[BOJ 17624] DVOfficer

boj/17624/dvofficer/solution.cpp

@@ -0,0 +1,156 @@
+#include<iostream>
+#include<vector>
+#define LMT 5001
+#define INT_MX 1000000000
+using namespace std;
+
+/**
+ * https://www.acmicpc.net/problem/17624
+ * BOJ 17624번 검은 돌
+ * DP, TREE, DP On TREE
+*/
+
+int N, B;
+int black[LMT];
+
+vector<int> edge[LMT];
+int dp[LMT][LMT][2] = {0,};
+
+int ansTable[5001][2] = {0,};
+int ans[LMT][LMT];
+int visited[LMT] = {0,};
+
+/**
+ * Initialize tables for dp
+ * for dep table dp [i][j][0], [i][j][1] means
+ * the maximum and minimum number of nodes in the subtree of node i that have j black nodes
+*/
+void init_dp(){
+    for(int i=0;i<=N;i++){
+        black[i] = 0;
+        ansTable[i][1] = INT_MX;
+    }
+    for(int i=1;i<=N;i++)
+        for(int j=0;j<=B;j++){
+            dp[i][j][0] = 0;
+            dp[i][j][1] = INT_MX;
+            ans[i][j] = 0;
+        }
+}
+
+/**
+ * read input and prepare table for DFS algorithm.
+*/
+void read_graph(){
+    for(int i=0;i<B;i++){
+        int x;
+        cin >> x;
+        black[x] = 1;
+    }
+
+    for(int i=1;i<N;i++){
+        int x, y;
+        cin >> x >> y;
+        edge[y].push_back(x);
+        edge[x].push_back(y);
+    }
+}
+
+/**
+ * For Leaf node, there is only one node in the subtree.

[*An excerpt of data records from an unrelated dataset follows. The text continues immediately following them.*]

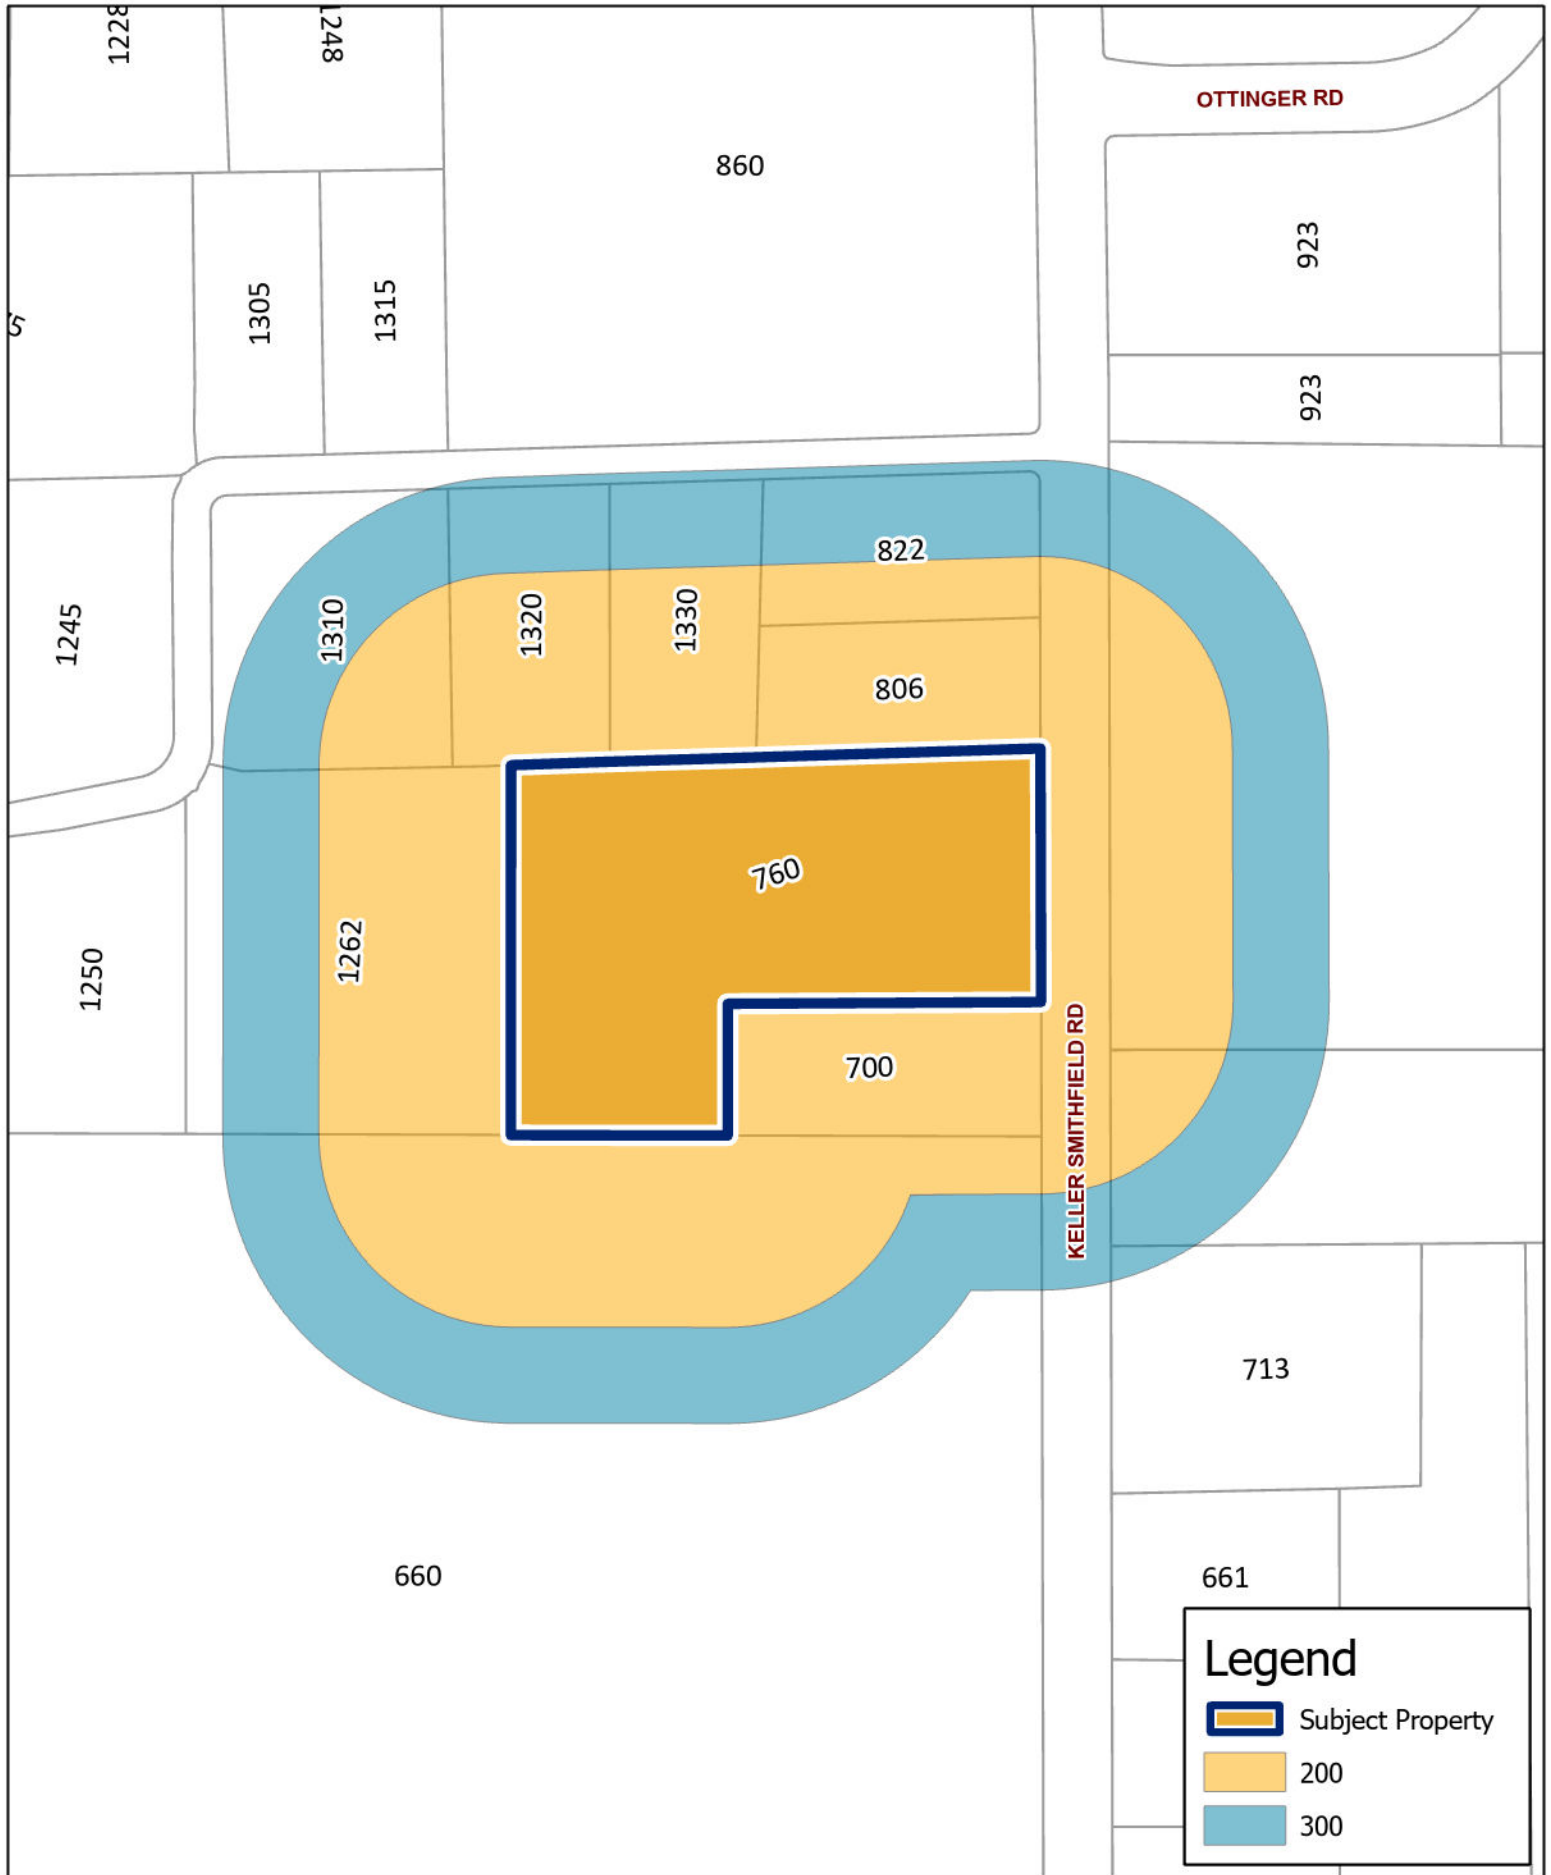

KELLER SMITHFIELD RD

**Legend**

 Subject Property

**DISCLAIMER**  
 This data has been compiled for the City of Keller.  
 Various official and unofficial sources were used to gather this information.  
 Every effort was made to ensure the accuracy of this data.  
 However, no guarantee is given or implied to the accuracy of said data.

**760 Keller Smithfield Rd**

Updated: 12/13/2023

**Legend**

- Subject Property
- 200
- 300

**DISCLAIMER**  
 This data has been compiled for the City of Keller.  
 Various official and unofficial sources were used to gather this information.  
 Every effort was made to ensure the accuracy of this data.  
 However, no guarantee is given or implied to the accuracy of said data.

### 760 Keller Smithfield Rd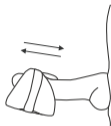

Charging & Usage

OFF

65 Min

Handsfree

Handsfree

Stroking

Stroking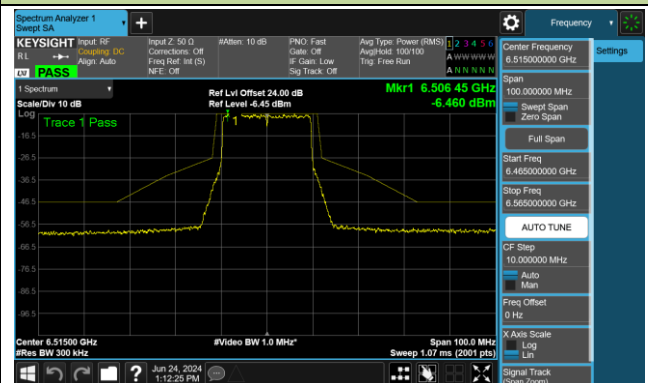

802.11ax-HE20 - Ant 0 (Nss = 2)

Channel 33 (6115MHz)

Channel 61 (6255MHz)

Channel 93 (6415MHz)

Channel 97 (6435MHz)

Channel 105 (6475MHz)

Channel 113 (6515MHz)

Channel 117 (6535MHz)

Channel 149 (6695MHz)

802.11ax-HE20 - Ant 0 (Nss = 2)

Channel 181 (6855MHz)

Channel 185 (6875MHz)

Channel 189 (6895MHz)

Channel 213 (7015MHz)

Channel 229 (7095MHz)

802.11ax-HE40 - Ant 0 (Nss = 2)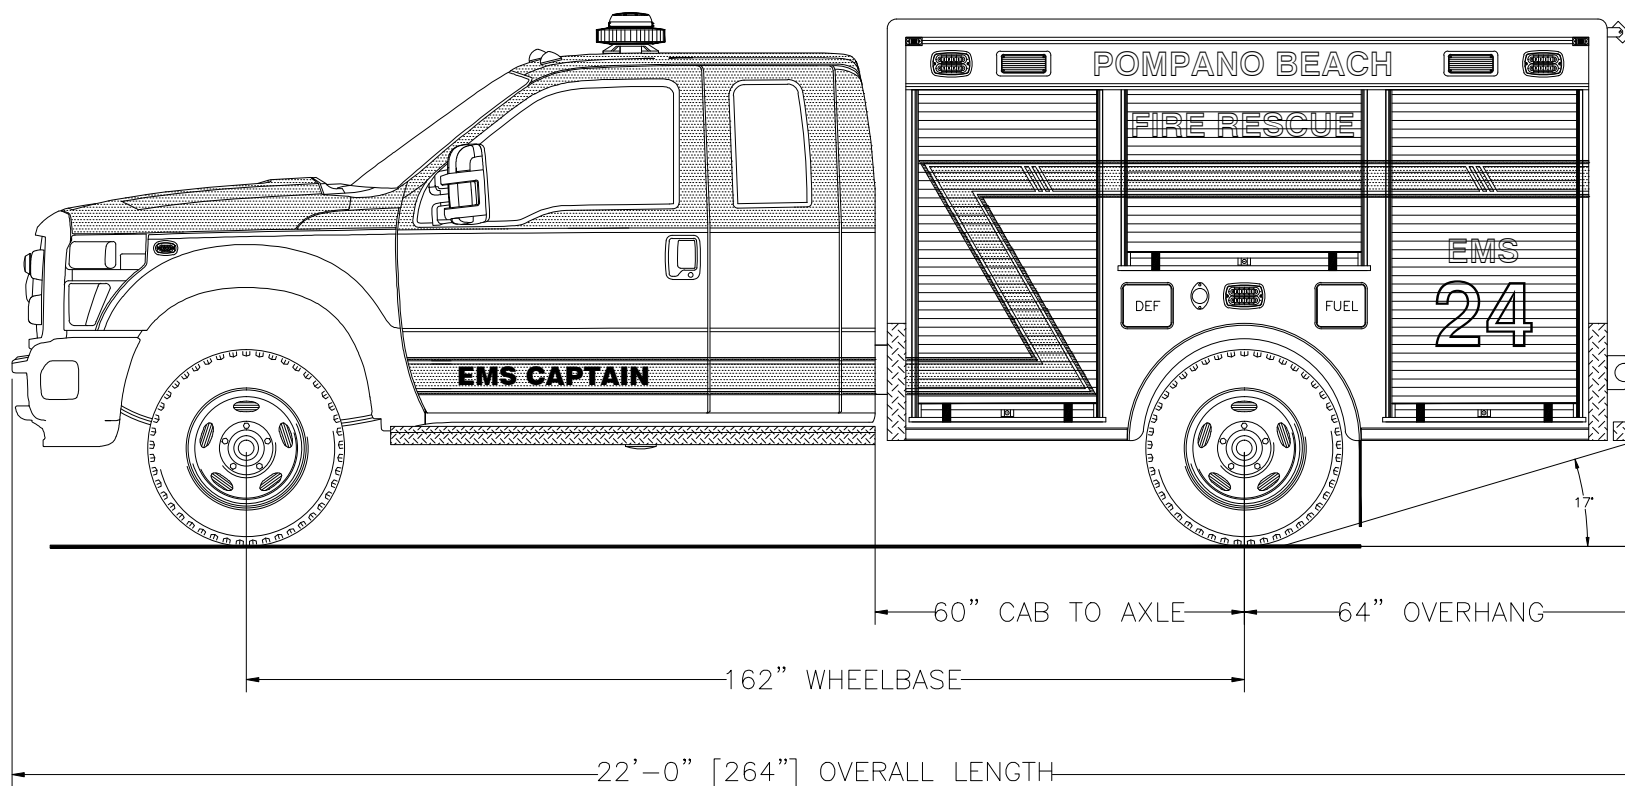

705 13TH STREET, LAKE PARK, FL
800-848-6652

*Pompano Beach Fire Rescue
Pompano Beach, Florida*

Streetside Overall

		DATE: 09/14/12
REVISION 1		NS - 03/15/13
REVISION 2	-	
REVISION 3	-	
REVISION 4	-	
REVISION 5	-

+ * So you just memorize for node x it have black node or not.
+*/
+int dfs(int x){
+    if(visited[x])
+        return -1;
+    visited[x] = 1;
+    int blackCnt = black[x];
+    dp[x][black[x]][0] = 1;
+    dp[x][black[x]][1] = 1;
+    /**
+     * For non-leaf node, you have to calculate the number of 
+     * subtree for each child node from count of black node.
+    */
+    for(int next: edge[x]){
+        int ret = dfs(next);
+        if(ret < 0) continue;
+        int j, j1, j2;
+        int dp_cp[5001][2];
+        /**
+         * For each child, find the max subtree and min subtree size
+         * for each count of black node
+         * Node with out copying memory, the intended value can be corrupted
+        */
+        for(int i=black[x];i<=blackCnt + ret;i++){
+            dp_cp[i][0] = dp[x][i][0];
+            dp_cp[i][1] = dp[x][i][1];
+        }
+        /**
+         * Compute from the number of black nodes
+         * for every possible pairs.
+        */
+        for(int j1 = black[x]; j1 <= blackCnt; j1 ++){
+            for(int j2 = 0; j2 <= ret; j2 ++){
+                j = j1 + j2;
+                dp[x][j][0] = max(dp[x][j][0], dp_cp[j1][0] + dp[next][j2][0]);
+                dp[x][j][1] = min(dp[x][j][1], dp_cp[j1][1] + dp[next][j2][1]); 
+             }
+        }              
+        blackCnt += ret;
+    }
+    /**
+     * Return the number of black node in the subtree of node x
+     * that have max size
+    */
+    return blackCnt;
+}
+
+/**
+ * From dfs result, you can find
+ * the range of tree size that have j black nodes
+ * for every root node.
+ * you should combine it into table without root node information.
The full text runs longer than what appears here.